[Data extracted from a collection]
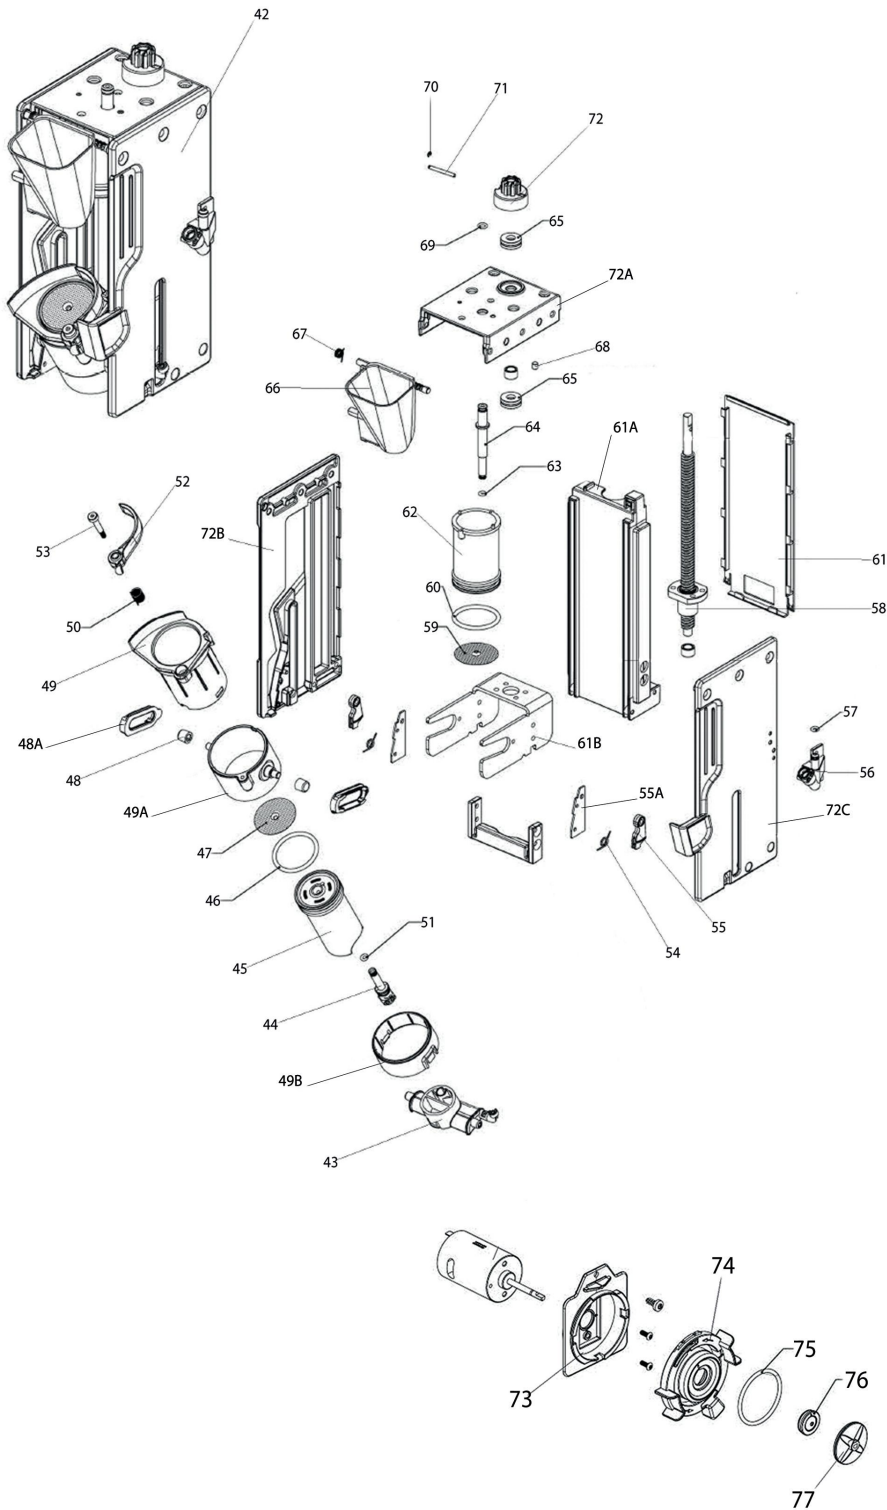

Model Machine

MACINA034

DR. COFFEE COFFEECENTER COMMERCIAL COFFEE MACHIN

MACINA034.T.0005

TAVOLA NR. 5 - ARTICOLO DR. COFFEE COFFEECENTER COMMERCIAL COFFEE MACHIN

Web	Pos.	Item	Replace by	Description

_What is needed:_ Only these lines should appear in the reply: the one containing "MACINA034.T.0005", the last line of the data, and all lines between them, each copied exactly.

_Exercise answer:_
MACINA034.T.0005

TAVOLA NR. 5 - ARTICOLO DR. COFFEE COFFEECENTER COMMERCIAL COFFEE MACHIN

Web	Pos.	Item	Replace by	Description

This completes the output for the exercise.